* Task to carry out *
Reproduce every entry below precisely; do not include the pictures.

* Material for this task *
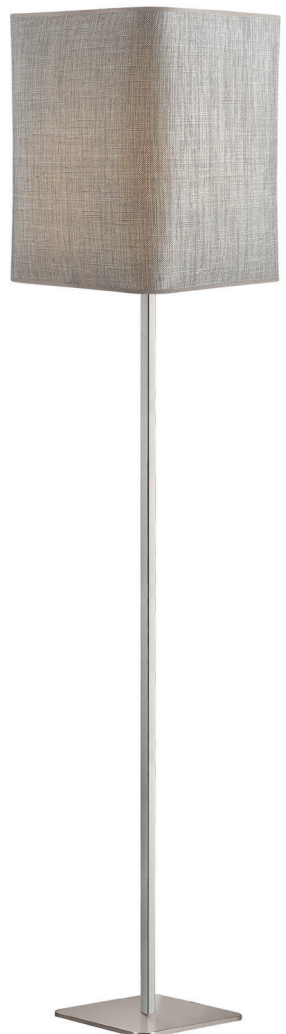

Bestell-Nr.	Farbauswahl angeben	Euro
15340/40-	NI + A	
15340/40-	S R + A	
15340/55-	NI + A	
15340/55-	S R + A

* Solution *
Bestell-Nr.	Farbauswahl angeben	Euro
15340/40-	NI + A	
15340/40-	S R + A	
15340/55-	NI + A	
15340/55-	S R + A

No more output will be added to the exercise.